We have been told that the figure of merit of the galvanometer is $$k = 60\;\mu\text{A division}^{-1}$$. By definition,

$$I_g = k\,\theta$$

where $$I_g$$ is the current through the galvanometer and $$\theta$$ is the scale deflection in divisions. Substituting $$\theta = 9$$ divisions,

$$I_g = 60\;\mu\text{A}\times 9 = 540\;\mu\text{A}= 5.4\times10^{-4}\ \text{A}$$

In the first observation (no shunt connected) the 6 V battery drives this current through the series combination of the high resistance $$R = 11\ \text{k}\Omega = 11000\ \Omega$$ and the unknown resistance $$G$$ of the galvanometer itself. Applying Ohm’s law,

$$V = I_g\,(R+G)$$

Substituting $$V = 6\ \text{V}$$ and $$I_g = 5.4\times10^{-4}\ \text{A}$$,

$$6 = 5.4\times10^{-4}\,(11000 + G)$$

$$\Rightarrow\; 11000 + G = \frac{6}{5.4\times10^{-4}}$$

$$\Rightarrow\; 11000 + G = 11111.11$$

$$\Rightarrow\; G = 11111.11 - 11000 = 111.11\ \Omega$$

So, the resistance of the galvanometer is approximately $$G \approx 111\ \Omega$$.
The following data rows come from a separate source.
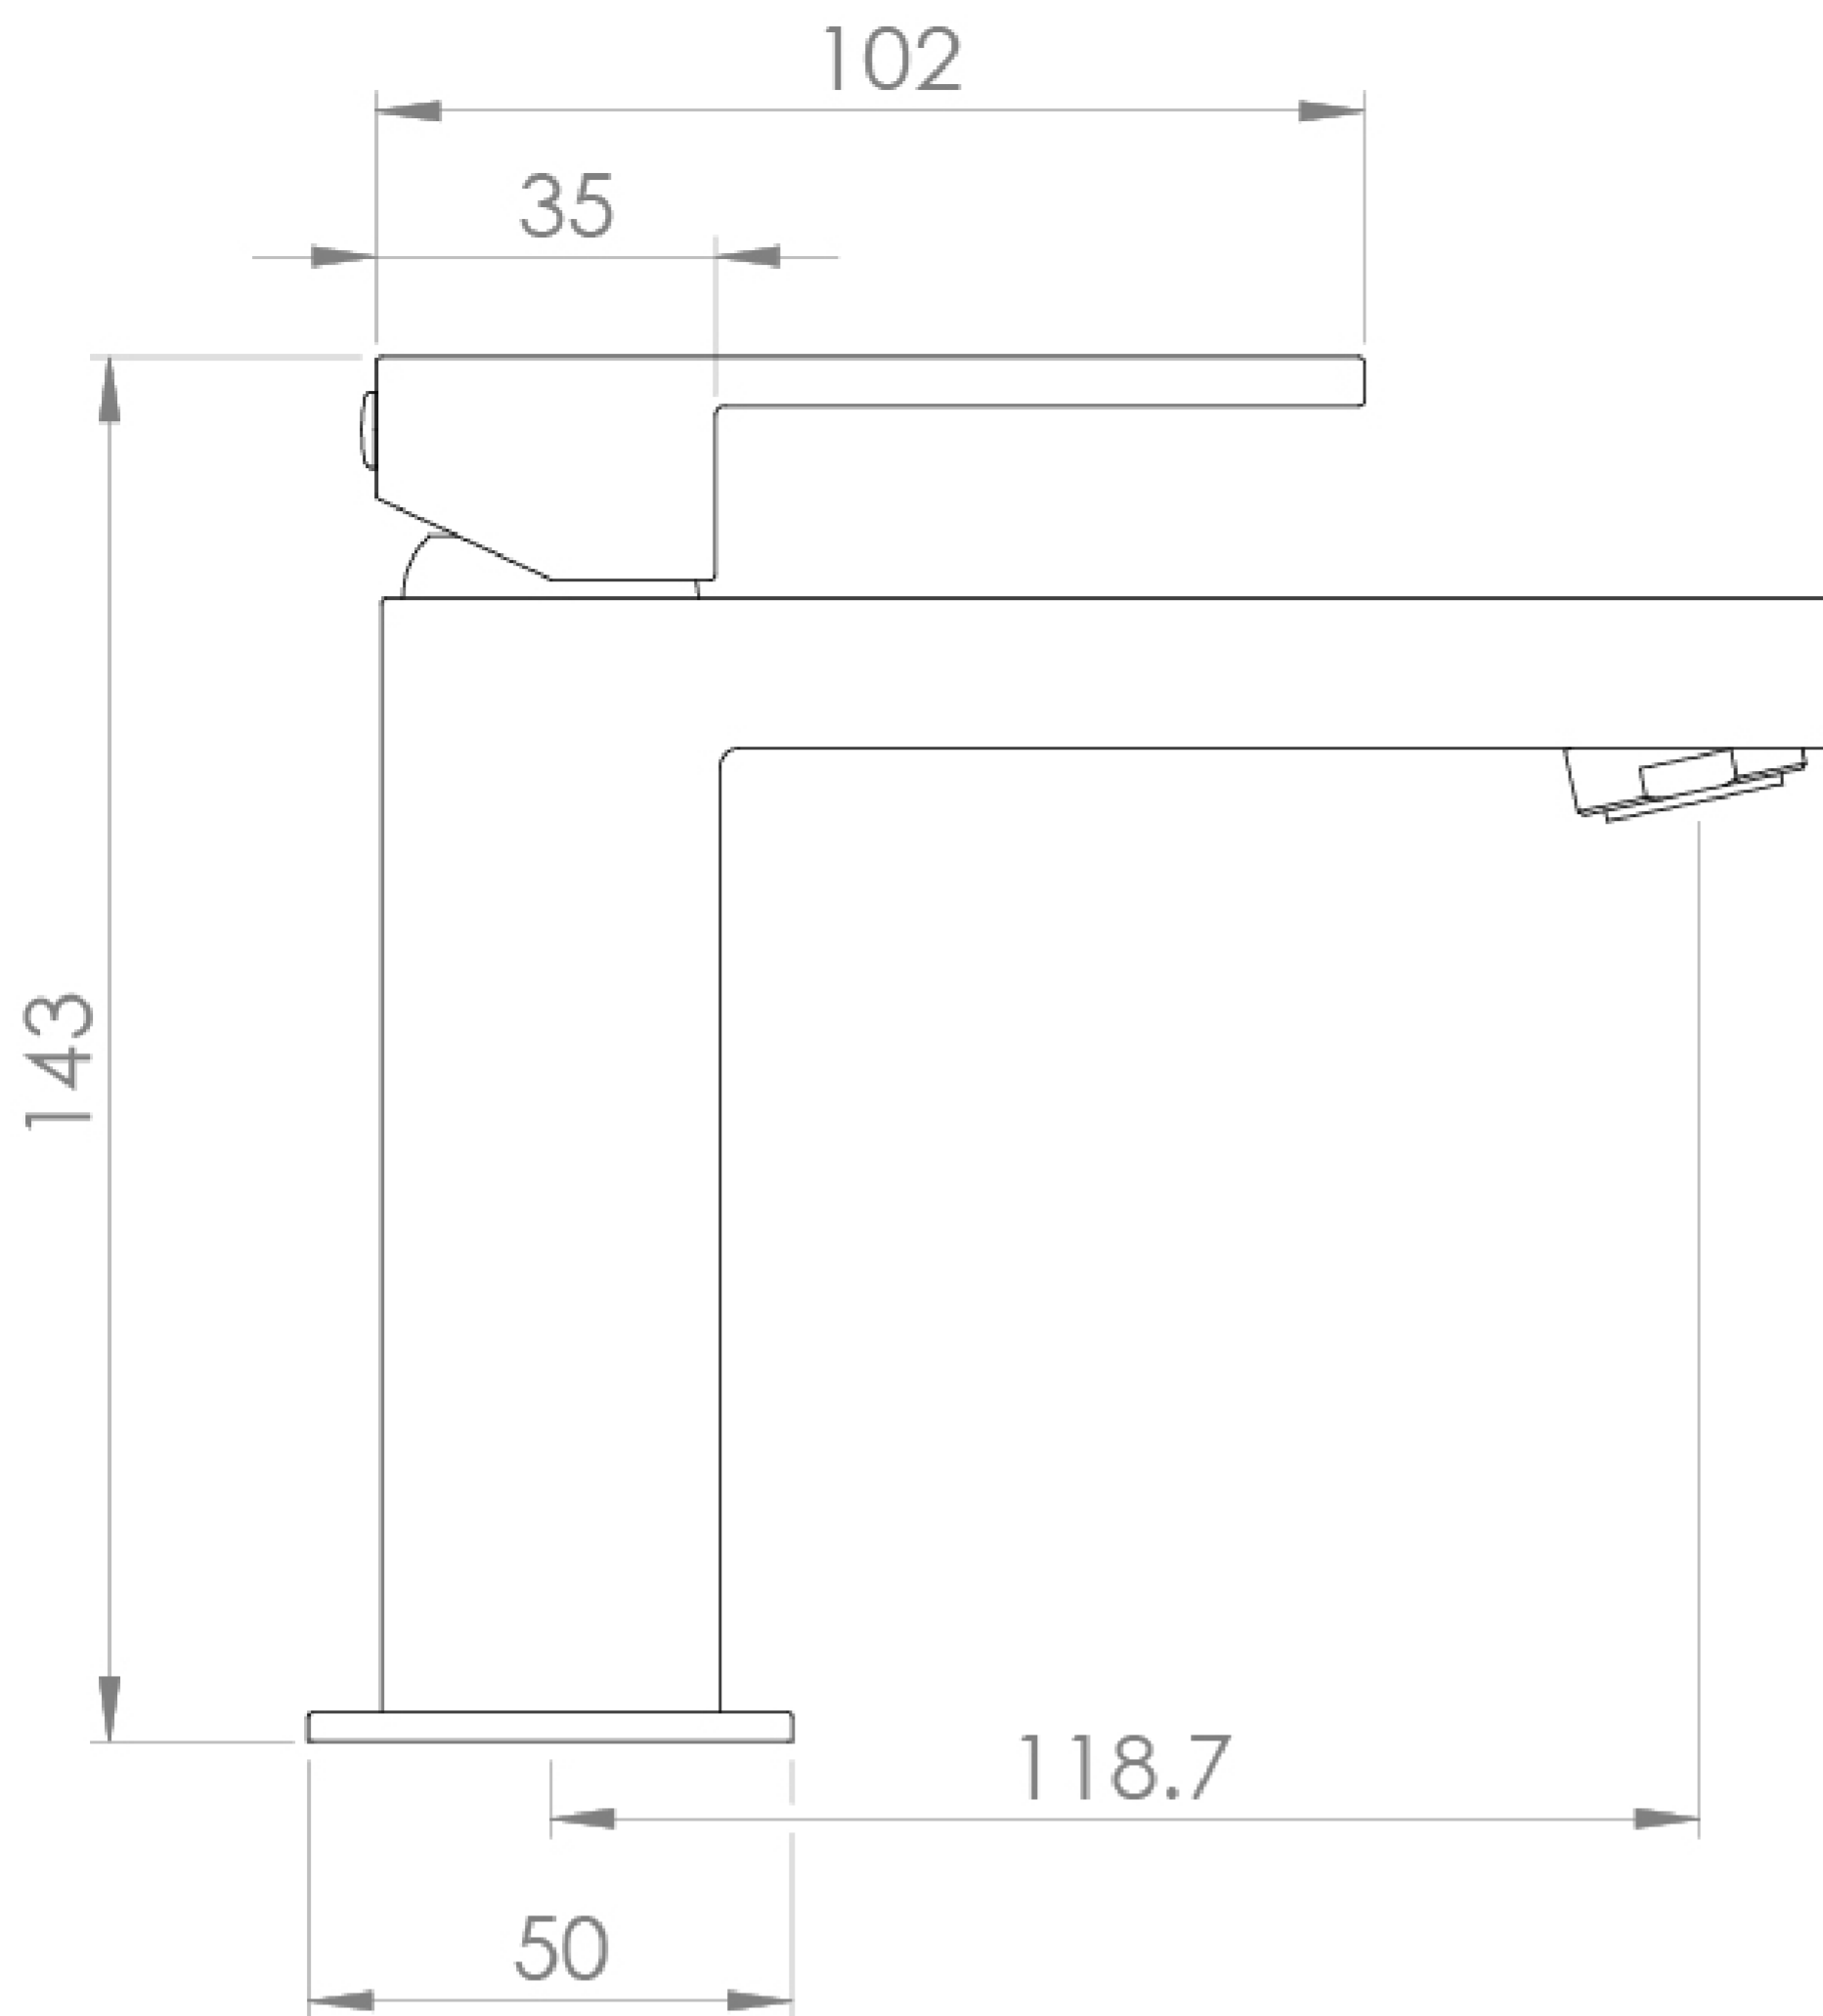

TOOGA BASIN MIXER - BRUSHED BRASS

Product Code: TO201.BB

PRODUCT INFORMATION

Width:	50mm
Finish:	Brushed Brass (PVD)
Height:	143mm
Depth:	118.7mm
Material:	Brass
Product Type:	Deck Mounted Basin Mixer Tap, Single Lever Basin Mixer
Approvals:	WRAS Approved
Weight	1.42kg
Waste	Not included, purchase separately
Guarantee	5 years
Spout Projection (mm)	118.7mm
Material	Brass
Approvals/Standards	WRAS

DESCRIPTION

The TOOGA brassware collection features products that will be the focal point of any bathroom with its sharp, sleek lines.

This TOOGA basin mixer in this stunning brushed brass finish will instantly add a luxury touch to your bathroom, and with it having a PVD finish, it will continuously look flawless for years to come. It will be sure to create a striking vanity set up in any cloakroom or bathroom.

Waste to be purchased separately.

- 0.2 Bar - Flowrate: 3.1 l/min
- 0.3 Bar - Flowrate: 3.6 l/min
- 0.4 Bar - Flowrate: 4 l/min
- 0.5 Bar - Flowrate: 4.4 l/min
- 1 Bar - Flowrate: 6.2 l/min
- 2 Bar - Flowrate: 8.7 l/min
- 3 Bar - Flowrate: 10.7 l/min
- 4 Bar - Flowrate: 12.4 l/min
- 5 Bar - Flowrate: 13.9 l/min

We now connect a shunt resistance $$S$$ in parallel with the galvanometer. We wish the new deflection to be $$\dfrac{\theta}{2}$$, i.e. the current through the galvanometer must fall to

$$I_g' = \frac{I_g}{2} = \frac{5.4\times10^{-4}}{2}= 2.7\times10^{-4}\ \text{A}$$

Let $$R_p$$ be the equivalent resistance of $$G$$ in parallel with $$S$$. The formula for two resistances in parallel is first stated:

$$R_p = \frac{G\,S}{G+S}$$

The total resistance in the circuit after the shunt is connected is $$R + R_p$$, so the total current delivered by the battery is

$$I = \frac{V}{R + R_p} = \frac{6}{11000 + R_p}$$

Current division tells us that the current through the galvanometer branch is

$$I_g' = I\;\frac{S}{G+S}$$

We require $$I_g' = 2.7\times10^{-4}\ \text{A}$$. Substituting all relations step by step,

$$2.7\times10^{-4} = \frac{6}{11000 + R_p}\;\frac{S}{G+S}$$

Because $$R_p = \dfrac{G\,S}{G+S}$$, we replace it and obtain one single equation containing only the unknown $$S$$:

$$2.7\times10^{-4} = \frac{6}{11000 + \dfrac{G\,S}{G+S}}\;\frac{S}{G+S}$$

To eliminate the fractions we multiply both sides by the two denominators:

$$\Bigl(2.7\times10^{-4}\Bigr)\Bigl(11000 + \dfrac{G\,S}{G+S}\Bigr)(G+S) = 6\,S$$

It is more convenient, however, to work with the ratio $$\dfrac{I_g'}{I_g}$$, because $$I_g'/I_g = 1/2$$ by design. Starting from

$$\frac{I_g'}{I_g} = \frac{V}{R+R_p}\;\frac{S}{G+S}\;\frac{R+G}{V}= \frac{R+G}{R+R_p}\;\frac{S}{G+S}$$

and demanding $$\dfrac{I_g'}{I_g}= \dfrac12$$, we write

$$\frac{1}{2} = \frac{R+G}{R+R_p}\;\frac{S}{G+S}$$

Now substitute the known numerical values $$R = 11000\ \Omega$$, $$G = 111.11\ \Omega$$ and $$R_p = \dfrac{G\,S}{G+S}$$:

$$\frac12 = \frac{11000+111.11}{11000+\dfrac{111.11\,S}{111.11+S}}\;\frac{S}{111.11+S}$$

The numerator $$R+G = 11000+111.11 = 11111.11$$, so a single explicit equation in $$S$$ is obtained:

$$\frac12 = \frac{11111.11}{11000+\dfrac{111.11\,S}{111.11+S}}\;\frac{S}{111.11+S}$$

Multiply both sides by the denominators to clear the fractions. First multiply by 2, then by the two bracketed terms:

$$2\times 11111.11\,S = \Bigl(11000+\dfrac{111.11\,S}{111.11+S}\Bigr)\,(111.11+S)$$

Compute the left-hand side:

$$2\times11111.11\,S = 22222.22\,S$$

For the right-hand side we distribute carefully:

$$\Bigl(11000+\dfrac{111.11\,S}{111.11+S}\Bigr)\,(111.11+S)=11000(111.11+S)+111.11\,S$$

Now insert this in the equality:

$$22222.22\,S = 11000(111.11+S)+111.11\,S$$

Expand the product containing 11000:

$$11000\times111.11 = 1222210$$

and

$$11000\times S = 11000\,S$$

so that the right-hand side becomes

$$1222210 + 11000\,S + 111.11\,S = 1222210 + 11111.11\,S$$

Our equation is now purely linear in $$S$$:

$$22222.22\,S = 1222210 + 11111.11\,S$$

Bring the term $$11111.11\,S$$ to the left to collect like terms:

$$(22222.22 - 11111.11)\,S = 1222210$$

$$11111.11\,S = 1222210$$

Finally divide to obtain $$S$$:

$$S = \frac{1222210}{11111.11} \approx 110\ \Omega$$

The answer that is the closest to this calculated value is 110 $$\Omega$$.

Hence, the correct answer is Option D.